# ASSIGNMENT:
Every line from the top of the records through the line containing "女子ミニマム(48kg)級" should be retyped exactly; the pictures should not.

▬▬▬▬▬▬▬▬▬▬

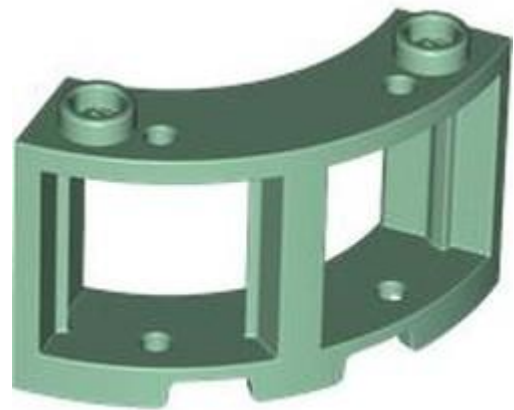

מזהה אלמנט 6560252 :
מזהה עיצוב 73878 :
שם: RB חלון עגול 23 x 3
צבע: TLG/BL ירוק חול
בסטים: ראה ניתן לבנייה מחדש
חפש LEGO® בחר לבנה

חזרה לאינדקס
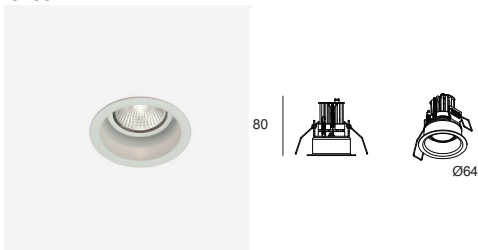

CI FISSO - FIXED

CI 35 FISSO CI 35 FIXED

Ø 56 **500**

LED						CODE	Col.
W	mA	Ø	H	Kg	lm prod		
1x5	500	64	80	0.13	316	LT1167.930F	/01 /02

Accessori - accessories: LT9061: cassaforma CI35/35F - wallbox CI35 e CI35/35F

Kelvin	Beam
30 3000K	F 37°

CI 50 FISSO CI 50 FIXED

Ø 70 **350**

LED						lm product/beam 3000K		CODE	Col.
W	mA	Ø mm	H	24°	36°				
6,8	350	77	100	330	450	LT1165.9	● ●	/01 /02	

Kelvin	Beam
30 3000K	F 24°
40 4000K	W 36°

LED						lm product/beam 3000K		CODE	Col.
W	mA	A	Ø mm	H	27°	46°			
12	350	350	77	100	1285	1289	LT1166.9	● ●	
18	500	500	77	100	1575	1579		● ●	

Kelvin	Beam
30 3000K	F 27°
40 4000K	W 46°

GU10 LED				CODE	Col.
W	Ø mm	L.mm			
1 x max 50	77	75		LT1165	/01 /02
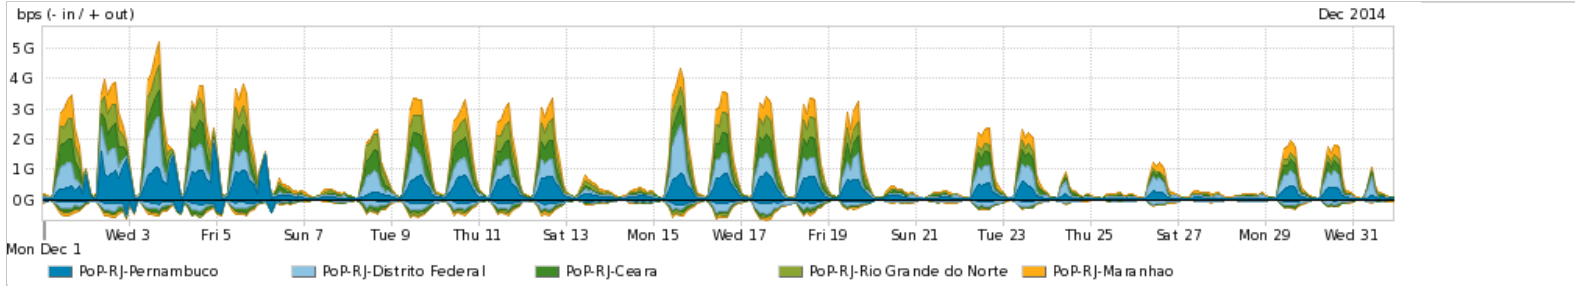

Distribuição do tráfego do PoP-RJ por estado, província ou similar

Average | Max | PCT95

PROFILE	REGION	IN	OUT	TOTAL
☒	PoP-RJ Pernambuco	59.61 Mbps	264.57 Mbps	324.19 Mbps
☒	PoP-RJ Distrito Federal	73.71 Mbps	222.47 Mbps	296.19 Mbps
☒	PoP-RJ Ceara	28.76 Mbps	188.52 Mbps	217.28 Mbps
☒	PoP-RJ Rio Grande do Norte	19.98 Mbps	187.98 Mbps	207.96 Mbps
☒	PoP-RJ Maranhao	26.40 Mbps	178.86 Mbps	205.26 Mbps
☐	PoP-RJ Goias	19.02 Mbps	154.96 Mbps	173.98 Mbps
☐	PoP-RJ Sao Paulo	49.63 Mbps	108.84 Mbps	158.47 Mbps
☐	PoP-RJ Para	22.80 Mbps	134.93 Mbps	157.73 Mbps
☐	PoP-RJ California	108.03 Mbps	44.29 Mbps	152.32 Mbps
☐	PoP-RJ Rio de Janeiro	69.79 Mbps	70.92 Mbps	140.71 Mbps
☐	PoP-RJ Paraiba	25.07 Mbps	102.12 Mbps	127.19 Mbps
☐	PoP-RJ Bahia	6.50 Mbps	118.94 Mbps	125.44 Mbps
☐	PoP-RJ Espirito Santo	43.49 Mbps	81.34 Mbps	124.83 Mbps
☐	PoP-RJ Amazonas	8.61 Mbps	96.05 Mbps	104.67 Mbps
☐	PoP-RJ Florida	101.77 Mbps	1.33 Mbps	103.10 Mbps
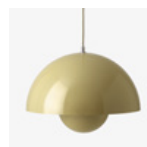

## FLOWERPOT VP1

Lámpara de suspensión.

Diseño de Verner Panton (1968).

De &tradition.

H: 16cm / 6.3in

Shade Ø: 23cm / 9.1in

→ Dark Green

→ Mustard

Material

Acero y policarbonato.

Color

Disponible en 16 colores.

→ Dark Green

→ Mustard

→ Beige Red

→ Red Brown

→ Light Blue

→ Matt Black

→ Stone Blue

→ Grey Beige

→ Matt Light  
Grev

→ White

→ Matt White

→ Pale Sand

→ Signal Green
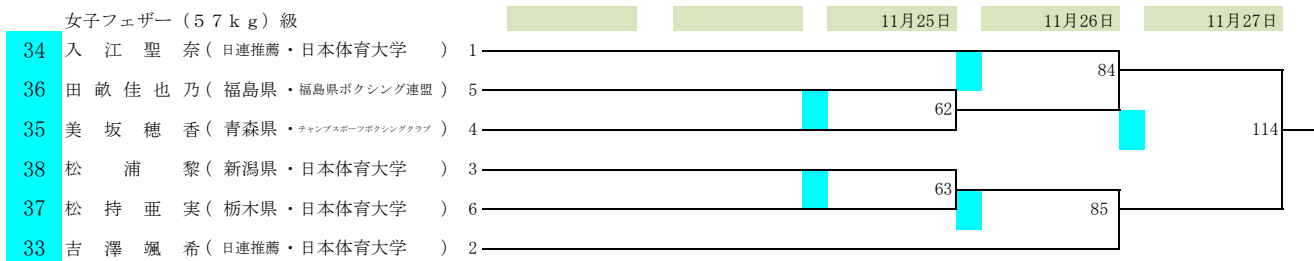

2022全日本ボクシング選手権大会

期日 令和4年11月22日(火)～27日(日)

会場 墨田区総合体育館(東京都)

女子ミニマム(48kg)級

女子ライトフライ(50kg)級

女子フライ(52kg)級

女子バンタム(54kg)級

女子フェザー(57kg)級

2022全日本ボクシング選手権大会

期日 令和4年11月22日(火)～27日(日)

会場 墨田区総合体育館(東京都)

女子ライト(60kg)級

女子ライトウエルター(63kg)級

女子ミドル(75kg)級

ミニムム(48kg)級

フライ(51kg)級

▬▬▬▬▬▬▬▬▬▬

# SOLUTION TO THIS EXERCISE:
מזהה אלמנט 6560252 :
מזהה עיצוב 73878 :
שם: RB חלון עגול 23 x 3
צבע: TLG/BL ירוק חול
בסטים: ראה ניתן לבנייה מחדש
חפש LEGO® בחר לבנה

חזרה לאינדקס

CI FISSO - FIXED

CI 35 FISSO CI 35 FIXED

Ø 56 **500**

LED						CODE	Col.
W	mA	Ø	H	Kg	lm prod		
1x5	500	64	80	0.13	316	LT1167.930F	/01 /02

Accessori - accessories: LT9061: cassaforma CI35/35F - wallbox CI35 e CI35/35F

Kelvin	Beam
30 3000K	F 37°

CI 50 FISSO CI 50 FIXED

Ø 70 **350**

LED						lm product/beam 3000K		CODE	Col.
W	mA	Ø mm	H	24°	36°				
6,8	350	77	100	330	450	LT1165.9	● ●	/01 /02	

Kelvin	Beam
30 3000K	F 24°
40 4000K	W 36°

LED						lm product/beam 3000K		CODE	Col.
W	mA	A	Ø mm	H	27°	46°			
12	350	350	77	100	1285	1289	LT1166.9	● ●	
18	500	500	77	100	1575	1579		● ●	

Kelvin	Beam
30 3000K	F 27°
40 4000K	W 46°

GU10 LED				CODE	Col.
W	Ø mm	L.mm			
1 x max 50	77	75		LT1165	/01 /02

Distribuição do tráfego do PoP-RJ por estado, província ou similar

Average | Max | PCT95

PROFILE	REGION	IN	OUT	TOTAL
☒	PoP-RJ Pernambuco	59.61 Mbps	264.57 Mbps	324.19 Mbps
☒	PoP-RJ Distrito Federal	73.71 Mbps	222.47 Mbps	296.19 Mbps
☒	PoP-RJ Ceara	28.76 Mbps	188.52 Mbps	217.28 Mbps
☒	PoP-RJ Rio Grande do Norte	19.98 Mbps	187.98 Mbps	207.96 Mbps
☒	PoP-RJ Maranhao	26.40 Mbps	178.86 Mbps	205.26 Mbps
☐	PoP-RJ Goias	19.02 Mbps	154.96 Mbps	173.98 Mbps
☐	PoP-RJ Sao Paulo	49.63 Mbps	108.84 Mbps	158.47 Mbps
☐	PoP-RJ Para	22.80 Mbps	134.93 Mbps	157.73 Mbps
☐	PoP-RJ California	108.03 Mbps	44.29 Mbps	152.32 Mbps
☐	PoP-RJ Rio de Janeiro	69.79 Mbps	70.92 Mbps	140.71 Mbps
☐	PoP-RJ Paraiba	25.07 Mbps	102.12 Mbps	127.19 Mbps
☐	PoP-RJ Bahia	6.50 Mbps	118.94 Mbps	125.44 Mbps
☐	PoP-RJ Espirito Santo	43.49 Mbps	81.34 Mbps	124.83 Mbps
☐	PoP-RJ Amazonas	8.61 Mbps	96.05 Mbps	104.67 Mbps
☐	PoP-RJ Florida	101.77 Mbps	1.33 Mbps	103.10 Mbps

## FLOWERPOT VP1

Lámpara de suspensión.

Diseño de Verner Panton (1968).

De &tradition.

H: 16cm / 6.3in

Shade Ø: 23cm / 9.1in

→ Dark Green

→ Mustard

Material

Acero y policarbonato.

Color

Disponible en 16 colores.

→ Dark Green

→ Mustard

→ Beige Red

→ Red Brown

→ Light Blue

→ Matt Black

→ Stone Blue

→ Grey Beige

→ Matt Light  
Grev

→ White

→ Matt White

→ Pale Sand

→ Signal Green

2022全日本ボクシング選手権大会

期日 令和4年11月22日(火)～27日(日)

会場 墨田区総合体育館(東京都)

女子ミニマム(48kg)級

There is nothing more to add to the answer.